A 4.50 kg weight hangs from a vertical massless ideal spring. When set in vertical motion, the weight obeys the equation y(t)=(8.50 cm)sin[(3.85 rad/s)t-1.40]. What is the maximum speed of the weight? What is the spring constant?

Homework Equations

Hooke's law: F = -kx
W(spring): 1/2kx(initial)^2 - 1/2kx(final)^2
W(applied): -W(spring) if stationary before/after displacement

The Attempt at a Solution

Throwing in the equation that the weight obeys has completely thrown me off. I'm not even sure what that means and how I apply it to the problem. I don't have much to show for it because I'm not sure where to begin, and I can't seem to find a similar problem to help find a starting point. Thanks!

 

[juana_sm]

harmonic oscillations are described with this equation: y=y0*sin(omega*t+phi0).
In this case, omega=sqrt(k/m), on the other side, omega = 3.85 rad/s. So you can find k.
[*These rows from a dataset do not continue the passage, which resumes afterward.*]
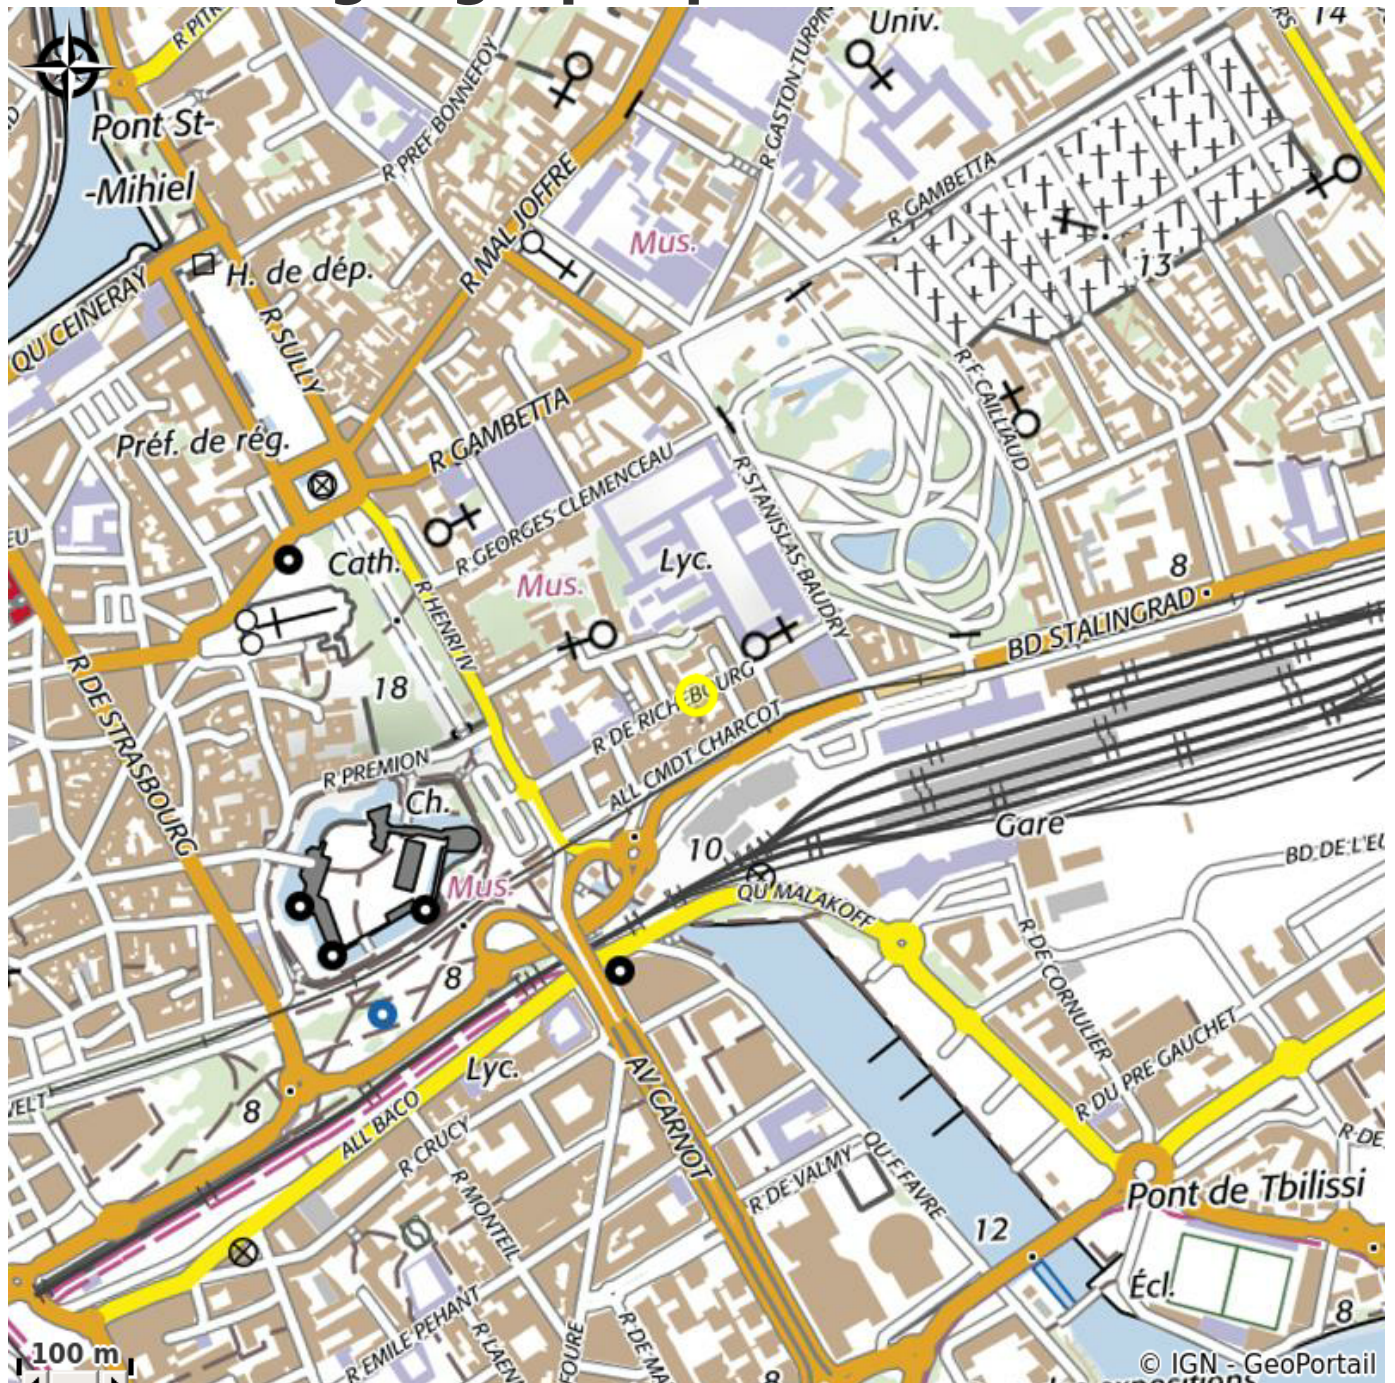

# THE ORIGINALS CITY HÔTEL INTER-HÔTEL NOVELLA NANTES

Crédit photo : (Novella)

*L'hôtel vous accueille dans une rue calme, proche de la Cité des Congrès, à deux pas de la gare et du château.*

# Description

La majorité de nos chambres donne sur une cour intérieure, au calme. Petit déjeuner buffet. 5 minutes à pieds de la cité des congrès et de la gare SNCF. Garage gratuit pour les vélos. WIFI gratuit

# Situation géographique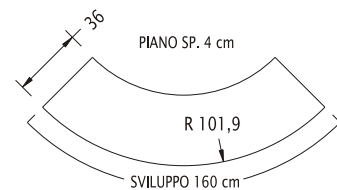

DISEGNO TECNICO

MISURA PER CARTELLO FRONTALE 160 x 93 cm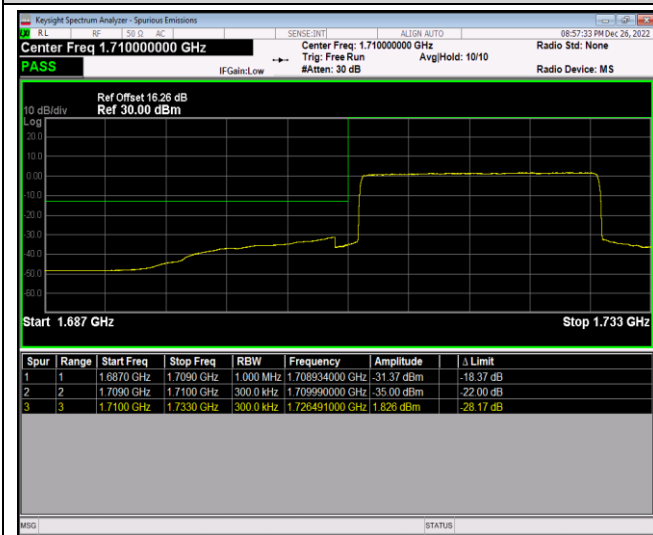

Band66-20MHz-16QAM-132072-100RB#0

Band66-20MHz-16QAM-132572-1RB#99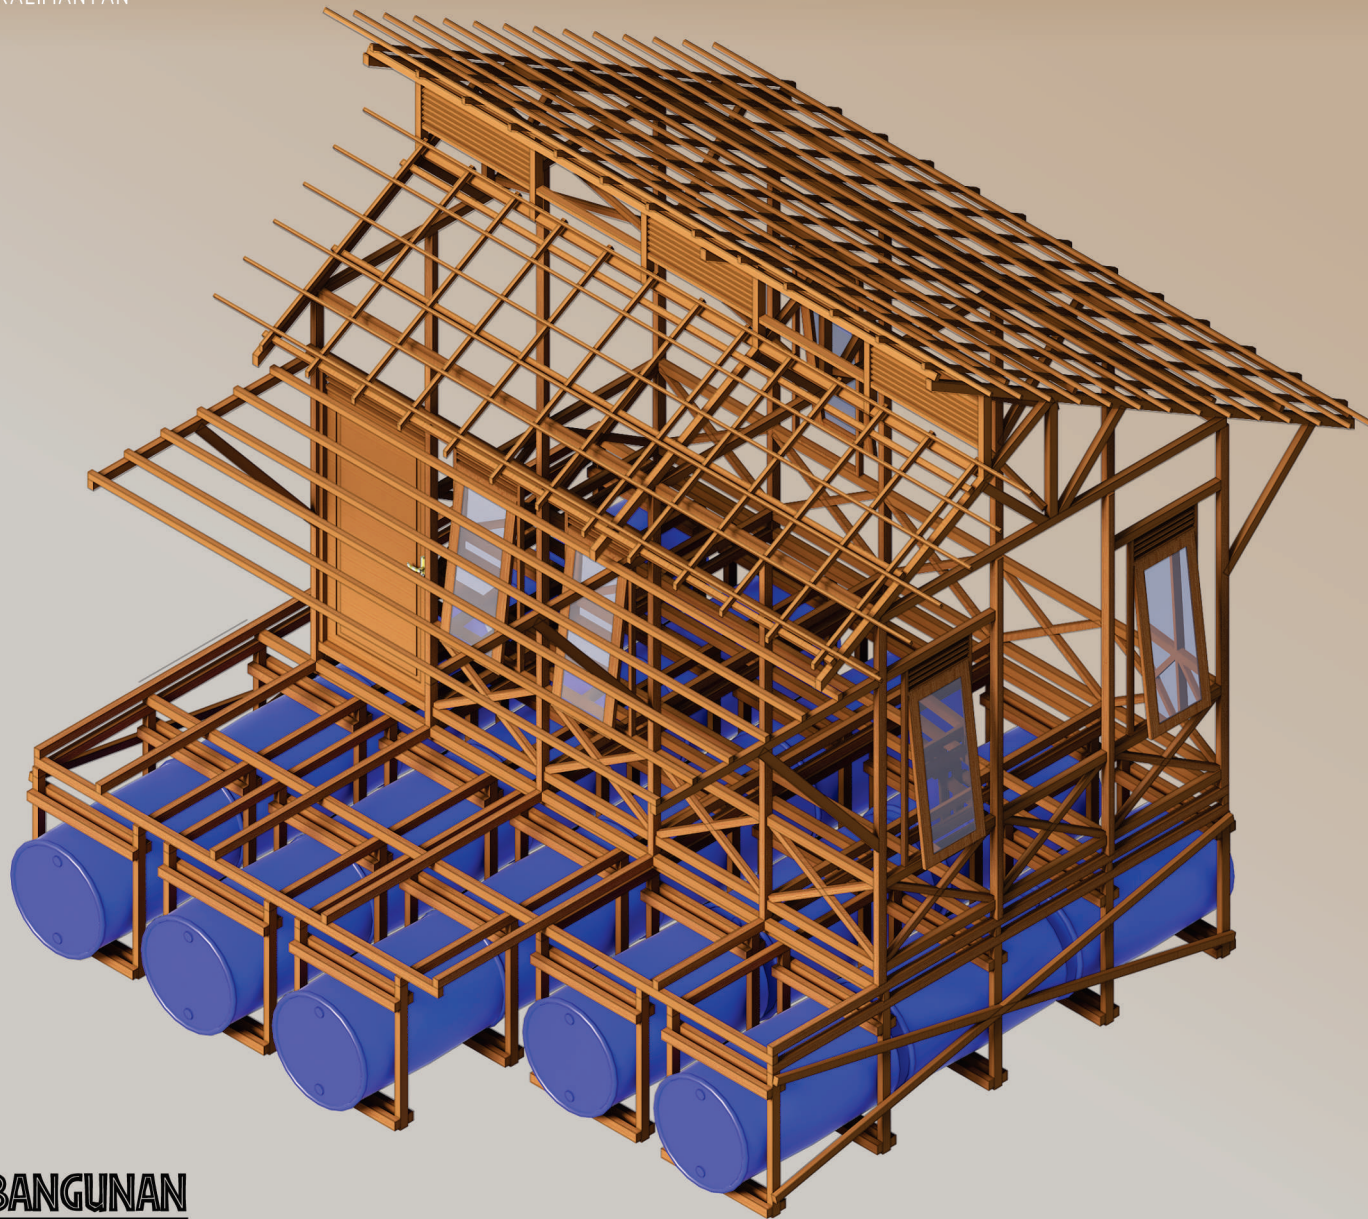

arsitektur
universitas lambung mangkurat

LABORATORIUM
ARSITEKTUR VERNAKULAR
LAHAN BASAH KALIMANTAN

RUMAH LANTING VERNAKULAR

(VERNACULAR FLOATING HOUSE)

Bekantan Research Station (Wetland Ecosystem)

CURIAK ISLAND-BARITO KUALA-SOUTH KALIMANTAN

DENAH RUMAH LANTING

FAKULTAS TEKNIK
UNIVERSITAS LAMBUNG MANGKURAT

arsitektur
universitas lambung mangkurat

RUMAH LANTING VERNAKULAR

(VERNACULAR FLOATING HOUSE)

Bekantan Research Station (Wetland Ecosystem)

CURIAK ISLAND-BARITO KUALA-SOUTH KALIMANTAN

ISOMETRIK STRUKTUR BANGUNAN

FAKULTAS TEKNIK
UNIVERSITAS LAMBUNG MANGKURAT

arsitektur
universitas lambung mangkurat

STUDIO
DIGITAL
ARSITEKTUR

LABORATORIUM
ARSITEKTUR VERNAKULAR
LAHAN BASAH KALIMANTAN

RUMAH LANTING VERNAKULAR

(VERNACULAR FLOATING HOUSE)

Bekantan Research Station (Wetland Ecosystem)

CURIAK ISLAND-BARITO KUALA-SOUTH KALIMANTAN

ISOMETRIK BANGUNAN

FAKULTAS TEKNIK
UNIVERSITAS LAMBUNG MANGKURAT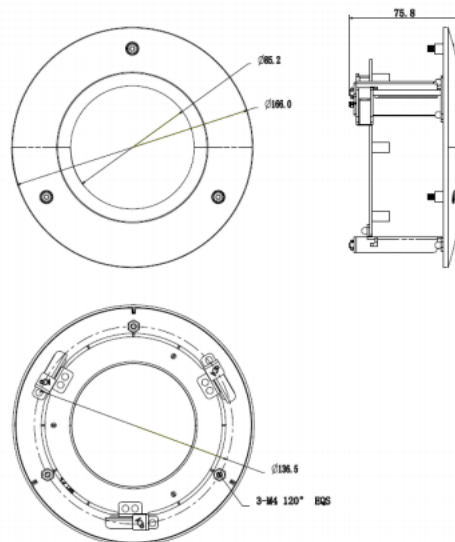

Link do produktu: <https://elektronikadomowa.pl/uchwyty-dahua-pfb200c-p-2451.html>

UCHWYT DAHUA PFB200C

Cena brutto	79,70 zł
Cena netto	64,80 zł
Dostępność	Produkt archiwalny
Czas wysyłki	24 godziny
Numer katalogowy	PFB200C
Producent	Dahua

Opis produktu

Uchwyt sufitowy DAHUA wykonany z wysokiej jakości aluminium i SECC. Dedykowany jest dla **kamer kopułkowych**.

Montaż:

Specyfikacja techniczna:

- materiał: aluminium & SECC
- mocowanie: G3/4"
- nośność: 1 kg
- kolor: biały
- temperatura pracy: -40 st. C ... +60 st. C
- wilgotność: 0-90% RH

-
- wymiary: śr. 166 mm x 75,8 mm
 - waga: 0,32 kg

W zestawie:

- uchwyt Dahua PFB200C - 1 szt.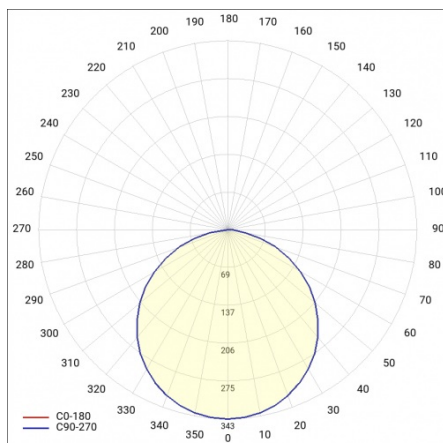

CORIA 1900LM 400MM DALI I SCHUTZKLASSE IP44 SCHWARZ MATT 840 (22W)

DETAILLIERTE PRODUKTKARTE

TABLE TECHNISCHE PARAMETER

Leistung [W]:	22	IP-Schutzart:	IP44
Index:	555626	Schutzklasse:	I
Farbtemperatur [K]:	4000	Farb- wiedergabe- index:	>80
EAN:	5905963555626	SDCM:	≤ 3
Lichtstrom [lm]:	1900	Power Factor:	0.88
Lichtquelle:	LED modul	Material Diffusor:	PS
Typ Diffusor:	OPAL	Material Gehäuse:	Stahlblech pulverbeschichtet
Nennleistung der Leuchte [W]:	23	Montage:	Anbau
DIMM DALI:	ja	Betriebstemperatur [°C]:	von -17 bis +35
Versorgungsspannung [V]:	220-240	Eigengewicht [kg]:	3.400
Frequenz:	50 - 60	CE-Zertifikat:	224/2023
Farbe Gehäuse:	schwarz matt	Garantie [Jahre]:	5
Lichtausbeute [lm/W]:	82	Kategorietyt:	Downlight
Abmessungen (H/B/T/H) [mm]:	ø400/86	Lebensdauer LED L70B50 [h]:	115000
Energieeffizienzklasse:	F	ETIM klasse:	EC002892
		Anleitung:	Download PDF
		Plik LDT:	Download

LIGHT CURVES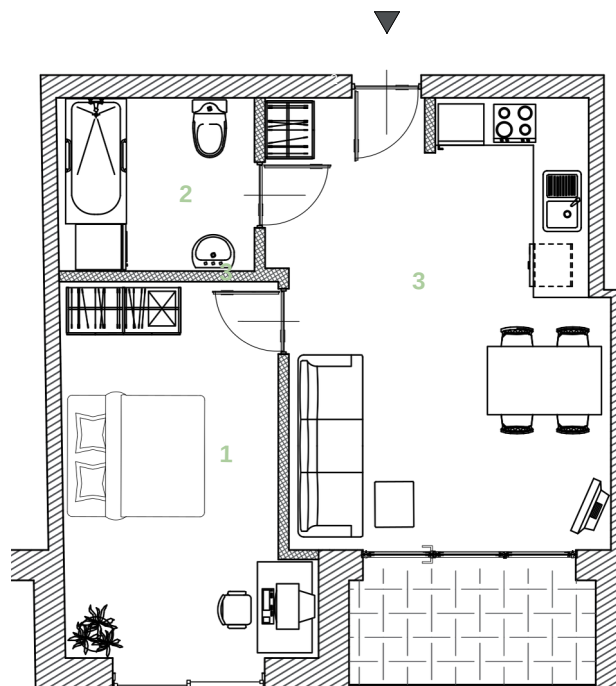

WIELICKIE  
TARASY

MIESZKANIE 18

piętro 1

45,68 m<sup>2</sup>

POWIERZCHNIA - 45,68 m<sup>2</sup>

1	Pokój	16,76
2	Łazienka	5,91
3	Salon z kuchnią	23,01
		<hr/>
		45,68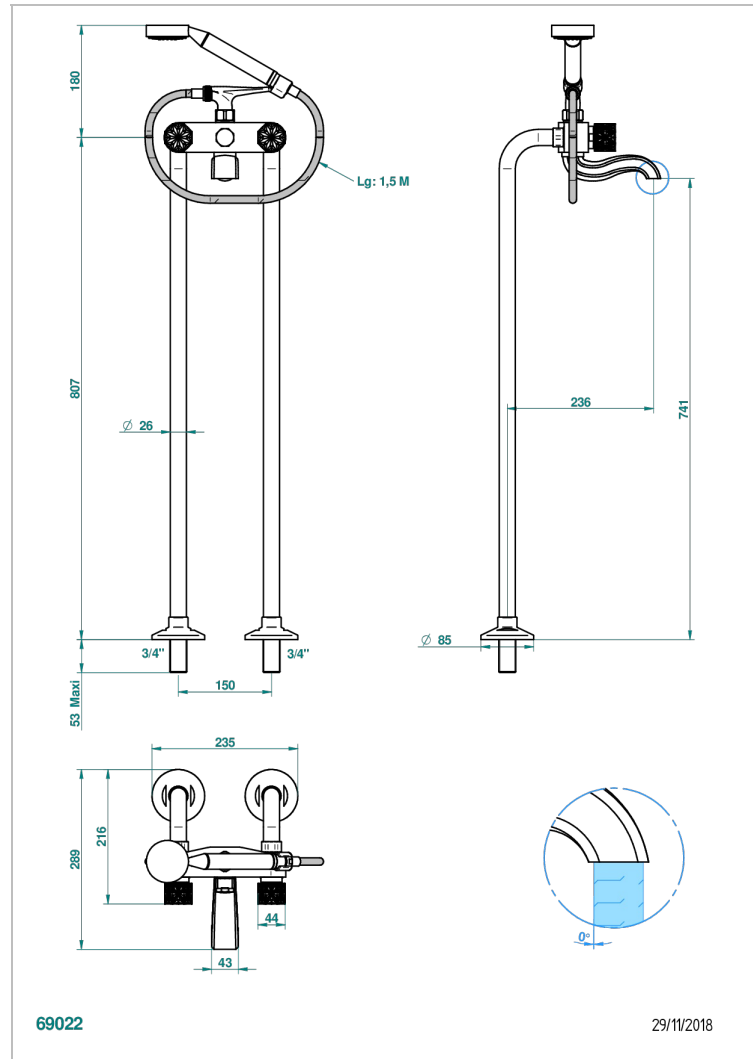

NIHAL PORCELAIN BLEUE

U2L-13CS

Tub filler with floor riser

THG[®]
PARIS

ХАРАКТЕРИСТИКИ

- Nihal porcelaine bleue
- Tub filler with floor riser

СВЯЗАННЫЕ ТОВАРНЫЕ ПОЗИЦИИ

- Ref. G00-13800A Монтажная пластина с подводками для напольных вертикальных стоек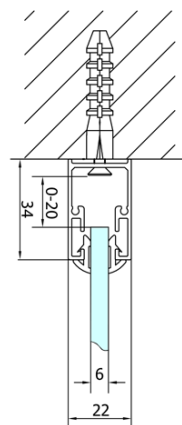

EASY třístěnný sprchový kout 700x900mm, skládací dveře, L/P varianta, čiré sklo

Objednací kód: EL1970EL3315EL3315

Základní informace

Značka: Polysan
Série: EASY

Rozměry

Šířka: 700 mm
Výška: 1900 mm
Hloubka: 900 mm

Parametry

Barva profilu: Chrom - Leštěný hliník
Tvar: Třístěnné
Typ otevírání: Skládací
Směr otevírání: Univerzální
Šířka vstupu: 390 mm
Typ výplně: Čiré sklo
Tloušťka skla: 6 mm
Vlastnosti: Rámové provedení
Hmotnost / ks: 80.0 kg
Balení: 5 ks
Záruka: 2 roky

EASY třístěnný sprchový kout 700x900mm, skládací dveře, L/P varianta, čiré sklo

Technický list

Type	EL1970	EL1980	EL1990	EL1910
B	686~726	786~826	886~926	986~1026
C	390	480	550	625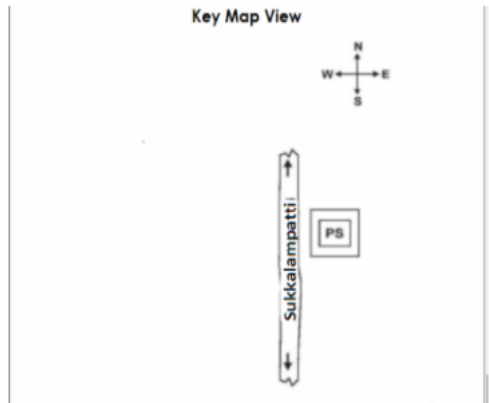

Google Map View

Polling Station Building Front View

Polling Station Front View

Cad View

Key MAP View

சட்டமன்றத் தொகுதியின் எண் மற்றும் பெயர் : 93-சேந்தமங்கலம் மற்றும் பெயர் : 1-குண்டுளி நாடு (வ.கி) மற்றும் (ஊ), புதுக்கோம்பை வார்டு 3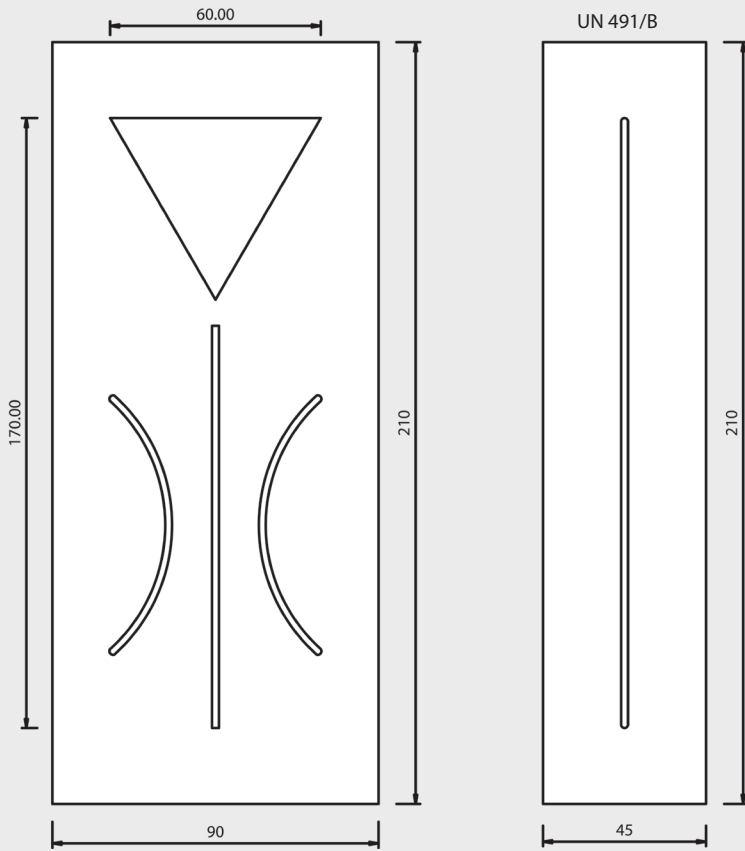

UN993 Mod. GIGLIO

UN 493

Pomolo DB15 Estro

Inserto in vetro VT16

as the energy of the system is constant:
k*(y0)^2=m(vmax)^2.
From this equation you can find the maximum velocity.

 

[wondermoose]

Okay, here's what I've got.

omega = sqrt(k/m)

k = omega²*m

k=(3.85 rad/s)²(4.5 kg)
k=66.7 (units?)

Then, k(y₀)² = m(v_max)²

v_max = sqrt((k*y₀²)/m)

v_max = 3.27 m/s

Look okay? I'm not sure how rad²*kg/sec² converts to anything though, in finding the spring constant.

 

[juana_sm]

Yes, it looks fine) about the units of k:
kg/sec^2=(kg*m)/(m*sec^2)=N/m
(N=kg*m/sec^2)

 

[rwisz]

I would first clarify the given information and assumptions. It is stated that the weight is hanging from a vertical massless ideal spring, which means that the spring has no mass and is perfectly elastic. This also implies that the weight is moving only in the vertical direction and there are no external forces acting on it.

Using Hooke's law, we can write the equation of motion for the weight as F = -kx = ma, where F is the force exerted by the spring, k is the spring constant, x is the displacement from the equilibrium position, m is the mass of the weight, and a is the acceleration.

We can also use the given equation y(t) = (8.50 cm)sin[(3.85 rad/s)t-1.40] to find the displacement of the weight at any given time t. Since the maximum displacement of the weight is 8.50 cm, we can set this equal to x and solve for t to find the time at which the weight reaches its maximum displacement.

Once we have the time, we can use the equation of motion to find the acceleration of the weight at that time. From there, we can use the equation v = u + at to find the maximum speed of the weight, where u is the initial velocity (which is 0 since the weight starts from rest).

To find the spring constant, we can use the equation W(spring) = 1/2kx(initial)^2 - 1/2kx(final)^2, where W(spring) is the work done by the spring, x(initial) is the initial displacement (in this case, 0), and x(final) is the final displacement (8.50 cm). Since the work done by the spring is equal to the work done by the weight, we can set W(applied) = -W(spring) and solve for k.

I hope this helps to get you started on solving the problem. Remember to always clarify the given information and assumptions, and to use the appropriate equations and concepts to solve the problem.